Andrew Burgess, chair of the Nationwide Farmers’ Union organics discussion board, mentioned the fee disaster would imply that the proportion of produce grown within the UK – presently about 60% – would fall. “Our degree of self-sufficiency goes to be in all probability the bottom ever recorded, in all probability under 50% this 12 months. That’s fairly scary when you concentrate on geopolitics in the meanwhile.”

Thorogood mentioned that UK supermarkets insist on long-term contracts, which implies that growers don’t get any profit when costs go up however have to soak up prices comparable to fertiliser and vitality. French and German supermarkets set costs for growers each Thursday, so costs rise when crops are briefly provide, he mentioned.

Supermarkets in France have been charging €3.50 for a cauliflower final week, he mentioned. “A cauliflower in Aldi in Chelmsford was 88p. When everyone seems to be combating their payments, they appear like the nice guys. However they’re crucifying the producer base.”

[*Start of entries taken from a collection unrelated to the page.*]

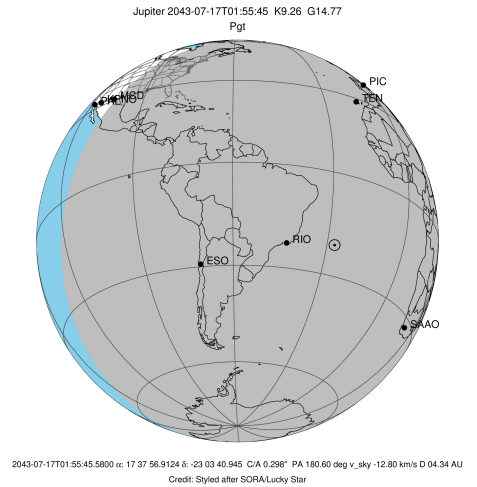

```
target                : Jupiter
target radius (km)   : 71492.00
C/A epoch            : 2043-07-17T01:48:51.200
Event type           : Pgt
: Jupiter occs: geocentric, topocentric
: Not a ringed target
Observer code        : SAAO
Location             : So. Afr. Astro. Obs. (Sutherland)
Latitude (deg)       : -32.37953
E. Longitude (deg)   : 20.81070
Altitude (km)        : 1.768
Gaia source ID       : 4116722549813288704
2Mass ID (if available) : 17375693-2303406
ICRS Star Coord at Epoch: 17h 37m 56.91244s -23:03:40.94501s
RUWE (>1.4 is poor) : 0.97
K magnitude          : 9.257
G magnitude           : 14.766
RP magnitude         : 13.374
BP magnitude         : 17.099
DUPflag             : 0
Distance (au)        : 4.344
f0 (km)              : 0.00
g0 (km)              : 0.00
skyplane vel. (km/s) : -12.80
Sun-Target sep (deg) : 151.09
Sun-Moon sep (deg)   : 29.36
B (ring opening deg) : -2.40
PA of pole (deg)     : 1.54
Pole direction: RA (deg): 268.05670
Dec (deg): 64.49732
C/A sky separation (") : 0.529
C/A sky separation (km) : 1667.5
NAIF SPICE kernels   : RAJobs_U111+rgf15.spk
URKALLv1.spk
naif0012.tls
nep097.bsp
nep101.bsp
sat4401.bsp
de440.bsp
earth_720101_070426.bpc
jup365.bsp
urall6.bsp
IAU_SATURN_for_RINGFIT.tpc
pck00010.tpc
earth_200101_990628_predict.bpc
uranus_ringframes_rfrench20220627_v1.tf
neptune_ringframes_rfrench20220702a_v1.tf
earth_flat_IAU.spk
```

x: target alt < 5.0 deg or sun > -5.0 deg

Target	I/E	UTC	alt	alt-sun	radius	lat-geo	lat-geodetic
Jupiter	I	2043-07-17T00:17:00.612	41.24	-66.37	71492.0	-1.64	-1.88
Jupiter	E	2043-07-17T03:21:54.453	3.45x	-27.77	71492.0	-1.10	-1.26
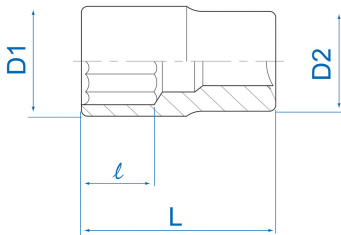

## 2310S

### **S** Steckschlüsseinsatz, Zoll, Standard, 8-Kant 1/4"

ANSI / ASME B107.1

- Zoll
- Chrom-Vanadium, hochglanz-verchromt

	Abmessung (Zoll)	D1 (mm)	D2 (mm)	L (mm)	l (mm)	Gewicht (g)
231010S	5/16"	14.3	13	24	9	14
231012S	3/8"	17.6	16.5	24	9	14
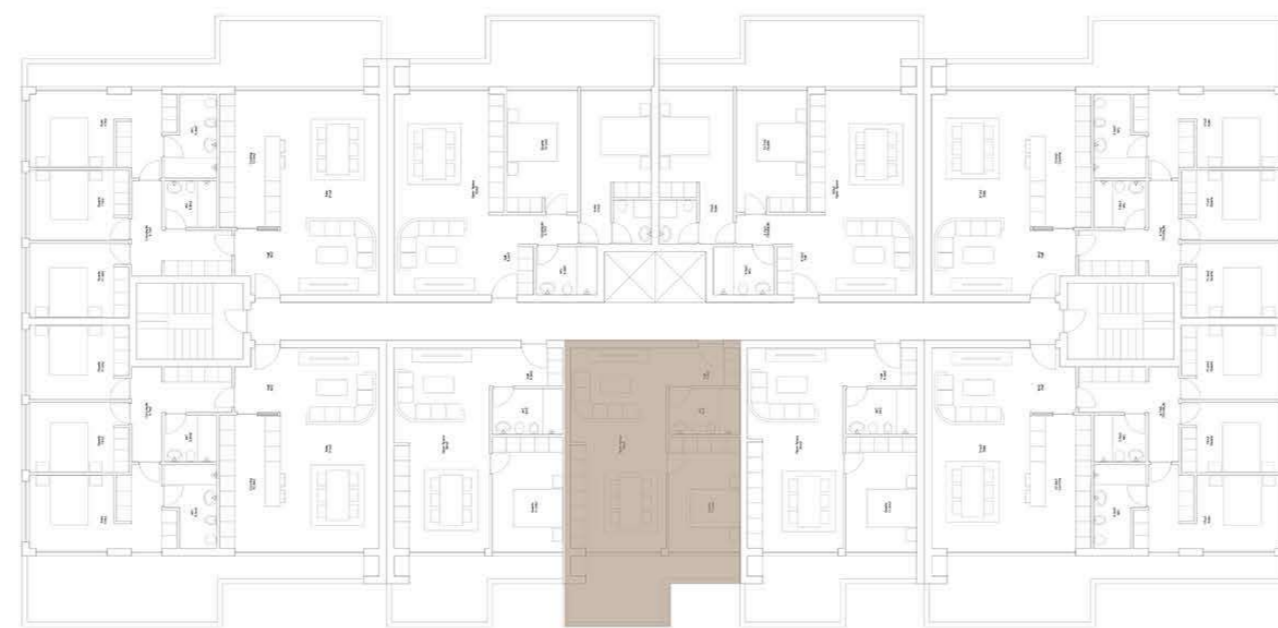

VALONGO PREMIUM

EDIFÍCIO DE HABITAÇÃO MULTIFAMILIAR
VALONGO - PORTO

FRAÇÃO TIPOLOGIA
1E T1

ÁREA TOTAL **95 m2**

PISO 1
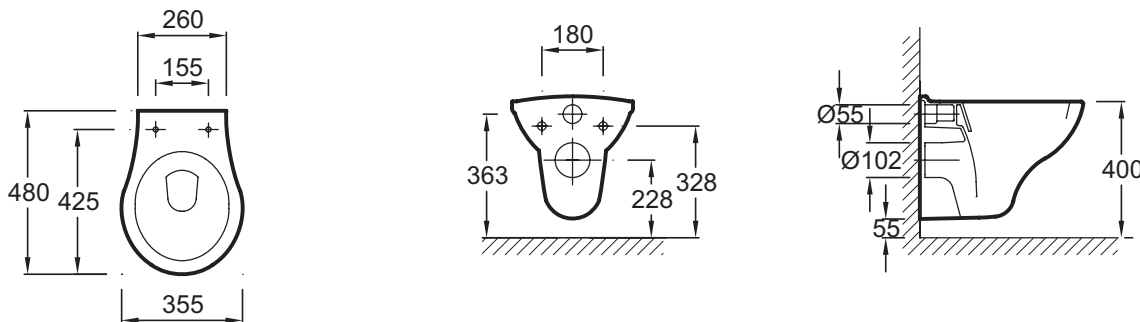

E1534

Collection : PATIO

Couleur* :

00 - Blanc

Principaux atouts :

Caractéristiques techniques

- DIMENSIONS : 48 x 36,50 cm
- MATÉRIAU : Céramique
- CONSOMMATION D'EAU : Standard 3/6 L
- GARDE D'EAU : Réglable de 38 à 50 cm
- PRODUIT INCLUS : (abattant non inclus)
- POIDS : 12,8 kg
- TYPE D'INSTALLATION : Suspendu
- HAUTEUR : Réglable de 38 à 50 cm
- BRIDE : Ouverte (traditionnelle)
- Existe aussi en version sans trou d'abattant E1534-Y1

Produits complémentaires

- E4304 : Abattant thermodor

Dessin technique

Descriptif CCTP : Cuvette suspendue compacte. E1534. Collection : PATIO. DIMENSIONS : 48 x 36,50 cm. POIDS : 12,8 kg. MATÉRIAU : Céramique. TYPE D'INSTALLATION : Suspendu. CONSOMMATION D'EAU : Standard 3/6 L. HAUTEUR : Réglable de 38 à 50 cm. GARDE D'EAU : Réglable de 38 à 50 cm. BRIDE : Ouverte (traditionnelle). PRODUIT INCLUS : (abattant non inclus). Existe aussi en version sans trou d'abattant E1534-Y1.
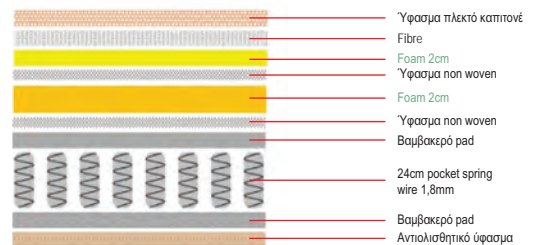

ΕΣΩΤΕΡΙΚΟΣ ΧΩΡΟΣ ΣΤΡΩΜΑΤΑ

Το **CONTINUOUS SPRING** είναι στρώμα με ελατήρια από ασάλι, ενωμένα μεταξύ τους σε σχήμα "S" που υποστηρίζουν την ορθοπεδική στήριξη και θέση της σπονδυλικής στήλης κατά τη διάρκεια του ύπνου.

E2048,6 / 180x200
E2048,2 / 160x200
E2048,3 / 90x200

Στρώμα Continuous Spring+Ανώστρωμα Foam 24/22cm cm / Μονής Όψης

Το στρώμα **POCKET SPRING** έχει ελατήρια από ασάλι, το καθένα μέσα σε υφασμάτινη θήκη, που λειτουργούν ανεξάρτητα. Απορροφούν κραδασμούς, τριξίματα και προσφέρουν προσαρμοσμένη ελαστικότητα σε όλες τις ζώνες στήριξης τους στρώματος.

Στρώμα Pocket Spring+Ανώστρωμα Foam 31/29cm / Μονής Όψης / **E2049,2** / 160x200

Το **COOL GEL** μειώνει την "παγιδευμένη" θερμοκρασία του σώματος και διανέμει δροσερό αέρα σε όλο το στρώμα. Βοηθάει στην διατήρηση μιας δροσερής και άνετης θερμοκρασίας όλη τη νύχτα, ενώ φέρει όλα τα χαρακτηριστικά του αφρού μνήμης (memory foam). Είναι φυσικά αντιμικροβιακό και ανθεκτικό σε αλλεργιογόνα, μούχλα, βακτήρια και ακάρεα σκόνης.

Στρώμα Pocket Spring+Cool Gel+Memory Foam 27/25cm / Μονής Όψης / **E2051,2** / 160x200

Το **ΠΕΡΙΜΕΤΡΙΚΟ FOAM BOX** είναι αφρώδες πλαίσιο τοποθετημένο περιμετρικά του στρώματος, που περιβάλλει τα ελατήρια δημιουργώντας ανθεκτικά άκρα, για επιπλέον στήριξη και πιο αναπαυτικό κάθισμα. Όταν καθόμαστε στην άκρη του, το στρώμα δεν γέρνει προς τα εμπρός και δεν νιώθουμε τα ελατήρια.

Στρώμα Pocket Spring / Διπλής Όψης
Ανώστρωμα Foam και στις δύο όψεις+Περιμετρικό Foam Box 29/27cm
E2050,2 / 160x200
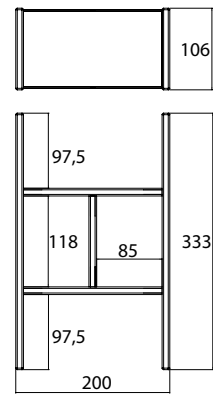

PRODUKTINFORMATION

Ordnungssystem für Waschtisch-Unterschranke 9583 274 23 und 9583 275 23, 200 x 106 x 333 mm
(BxHxT) nussbaum

Art.-Nr.9583 510 23
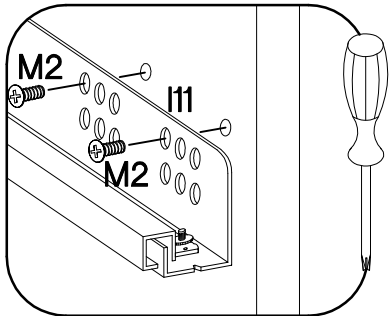

# 40 D 3S BB - QUADRO

+8x30mm A	6,4 x 50mm B	+6x42mm B2
20	8	10
+12/10mm C5	L=20mm D2	E1
6	6	8
6.5x48x16 F2	+6.3x13mm M2	O
4	24	1
		O1
		1

		[CD]
L=450mm I1		
3		
+4.0x45mm P4	+3.0x20mm P7	+4.0x35mm R3
2	16	4

Ersatzteil Nummer	Dimension
KUH.10252	815x500x16
KUH.10253	815x500x16
KUH.60027	713x385x2,5
KUH.60177 x3	446x337x2,5
KUH.90003 x2	367x100x16
KUH.90004 x2	367x100x16
KUH.90039	399x95x16
WST.0062	327x80x12
WST.0063 x2	327x140x12
WST.0109 x2	450x140x12
WST.0110 x2	450x140x12
WST.0115	450x80x12
WST.0116	450x80x12

# 1

6.5x48x16 F2 4	∅8x30mm A 8	L L=450mm 3	[CD] I11 R 111	∅6.3x13mm M2 24
----------------------	-------------------	-------------------	----------------------	-----------------------

# 2

6,4 x 50mm		
		
<b>B</b>	<b>O</b>	<b>E1</b>
4	1	4
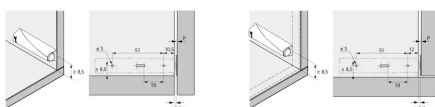

Übersicht

Hettich Push to open für Drehtüren Magnet, zum Anschrauben Langhub, grau, 9375981

Produktnummer: E9375981

Optionen

Anschlag vorliegend, halb vorliegend, einliegend

Farbe/Oberfläche

Kunststoff anthrazit

Kunststoff lichtgrau

Kunststoff weiß

Beschreibung

Für die Anwendung mit Scharnieren ohne Schließautomatik Für voll vorliegende, halb vorliegende und einliegende Türen Großzügiger Verstellbereich von 6 mm Auslösehub 1,4 mm Kunststoff Set besteht aus: • 1 Stück Push to open Magnet • 1 Stück Adapteroberenteil • 1 Stück Adapterunterteil • 1 Stück Gegenplatte zum Ankleben

Produktinformationen

Hinweis: Die technischen Produktdaten wurden möglicherweise mithilfe KI-gestützter Verfahren ausgelesen und generiert.

EAN	4063674064422
Hersteller-Nummer	9375981
Herstellername	Hettich
Anschlag	vorliegend, halb vorliegend, einliegend
Farbbezeichnung	Lichtgrau
Farbe/Oberfläche	Kunststoff lichtgrau
Farbton	Grau
Gewicht	0.03371 kg
Montage	zum Anschrauben
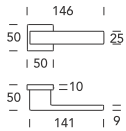

COLLEZIONE - COLLECTION

124MRQ86

124MP130

BOCCHETTE - ESCUTCHEONS
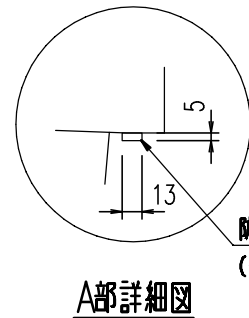

No.	品名	品番	数量	備考
1	ミラーキャビネット	MEB-1203KXJU-G	1	ポリプロピレン樹脂製、スマートポケット付 コンセント合計許容電力1300W以下 くもり止めコート(中央鏡)・防湿鏡(袖鏡) LED照明 6.5W、直結配線仕様 コンセント外付 1コ・内部2コ 3面鏡(全収納)、トレイ12コ付

- ・壁固定ねじ(スマートポケット)
トラスタップピンねじφ4.0×30mm 4本
スマートポケット固定金具 2本
- ・壁固定ねじ(本体)
平頭タップピンねじφ4.5×60mm 6本(化粧キャップ)

[特記事項]

- ・電源線(VVF単線 φ1.6またはφ2.0mm)を図の位置に取り出してください。

防水パッキン
(発泡EPDM材、白色)

A部詳細図

名称	ミラーキャビネット	図面	担当	検図	図番	PTEBMR1832
					日付	2023.01.11
品番	MEB-1203KXJU-G	縮尺	株式会社 LIXIL			
		1/10				
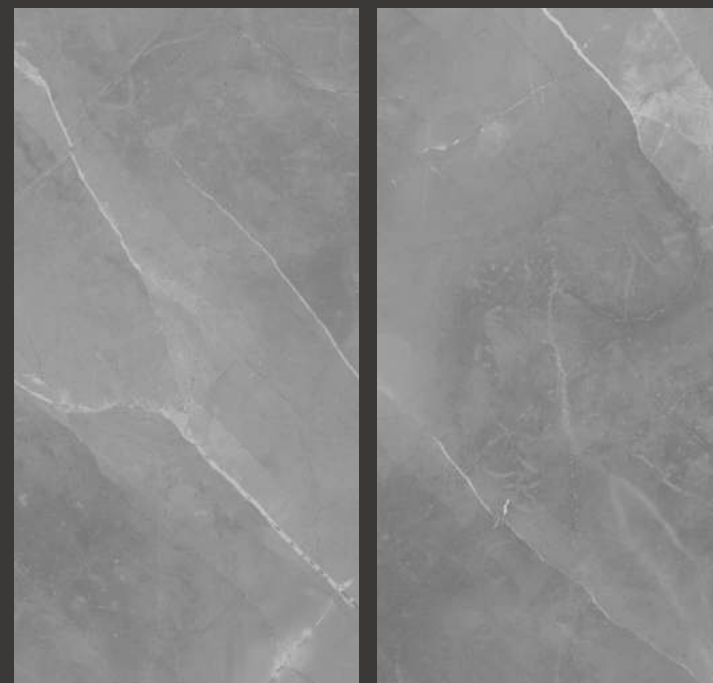

# ARMANI SILVER MATT RUSTIC

120x60 см

Артикул: RT7013-А

Минимальное  
количество лиц: 5

Визуальный эффект

Поверхность: матовая

  
**ARCADIA**  
CERAMICA

НОВАЯ  
КОЛЛЕКЦИЯ

Will Golding, a farmer in Lancashire, mentioned he stopped rising turnips a while in the past. His electrical energy invoice had risen from £50,000 to £125,000.

“We’re a small household farm,” he mentioned. “We’re kicking and screaming to get an additional penny a pack.”

Final 12 months, Maintain, the alliance of meals and farming organisations, discovered that farmers have been making lower than a penny in revenue, which its director of sustainable farming, Vicki Hird, mentioned confirmed that the UK’s meals system was “now not match for function”.

“We have to transition for climate- and nature-friendly farming, and farmers can’t try this in the event that they’re not getting correct rewards,” she mentioned.

Defra didn’t touch upon whether or not Coffey knew that Mortiers had stopped rising turnips. A spokesperson mentioned UK growers have been “essential to the resilience of our meals system”, and the federal government knew that farmers have been “going through world pressures, together with from the invasion of Ukraine”.

“The UK has a extremely resilient meals chain and is effectively outfitted to cope with disruption,” they mentioned.

“Our new farming schemes will assist farmers to provide meals profitably and sustainably, together with £600m in grants for gear to assist farmers develop into extra productive.

“That is a part of the numerous motion we’ve got taken to assist the sector thus far, alongside allocating 45,000 seasonal employees and wider authorities assist on vitality payments by way of the Power Payments Reduction Scheme.”